▶ _Aim of the exercise_
Give the entries below again, word for word, and leave out the images.

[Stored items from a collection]
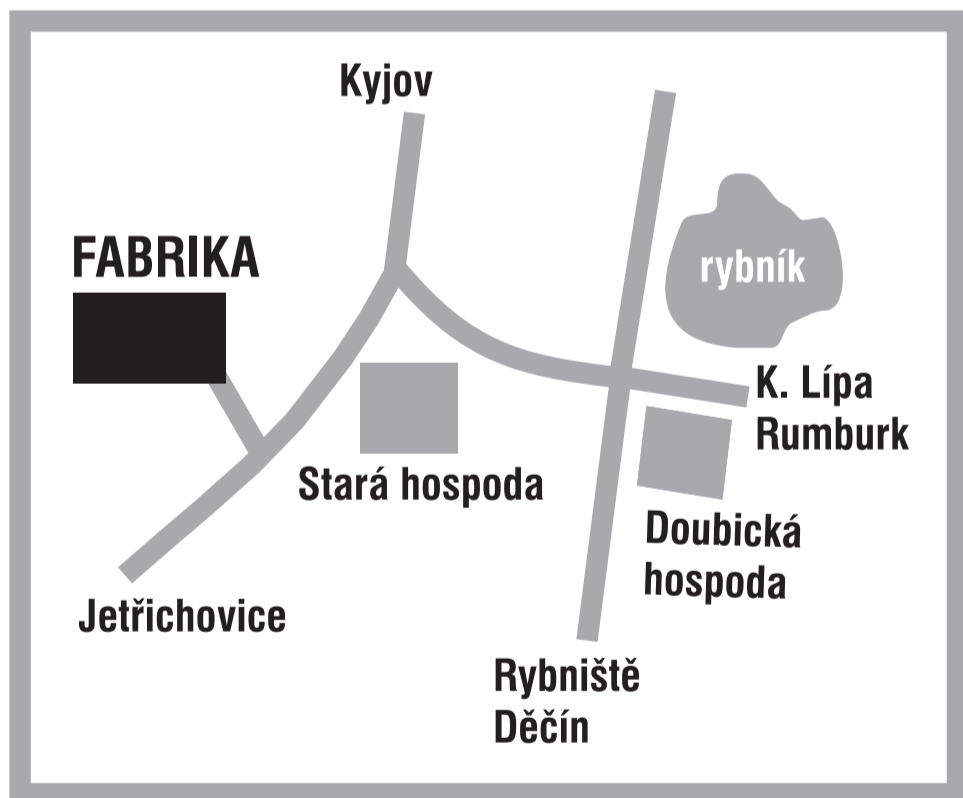

pá - so od 18.00 hodin

ne od 13.00 hodin

info: 608 603 701, 603 146 703

e-mail: fabrika@doubice.net

SOBOTA 10. 3. 2007

začátek ve 20 hodin

SIMPSNS PARTY

vstupné 30,- Kč

SOBOTA 24. 3. 2007

KŘEST DESKY UDG

předkapela Imodium

vstupné 50,- Kč

PÁTEK 6. 4. 2007

Vladimír Merta

vstupné 60,- Kč

PÁTEK 27. 4. 2007

S.P.S (punková legenda)

S.N.A.D.

▶ _Exercise response_
pá - so od 18.00 hodin

ne od 13.00 hodin

info: 608 603 701, 603 146 703

e-mail: fabrika@doubice.net

SOBOTA 10. 3. 2007

začátek ve 20 hodin

SIMPSNS PARTY

vstupné 30,- Kč

SOBOTA 24. 3. 2007

KŘEST DESKY UDG

předkapela Imodium

vstupné 50,- Kč

PÁTEK 6. 4. 2007

Vladimír Merta

vstupné 60,- Kč

PÁTEK 27. 4. 2007

S.P.S (punková legenda)

S.N.A.D.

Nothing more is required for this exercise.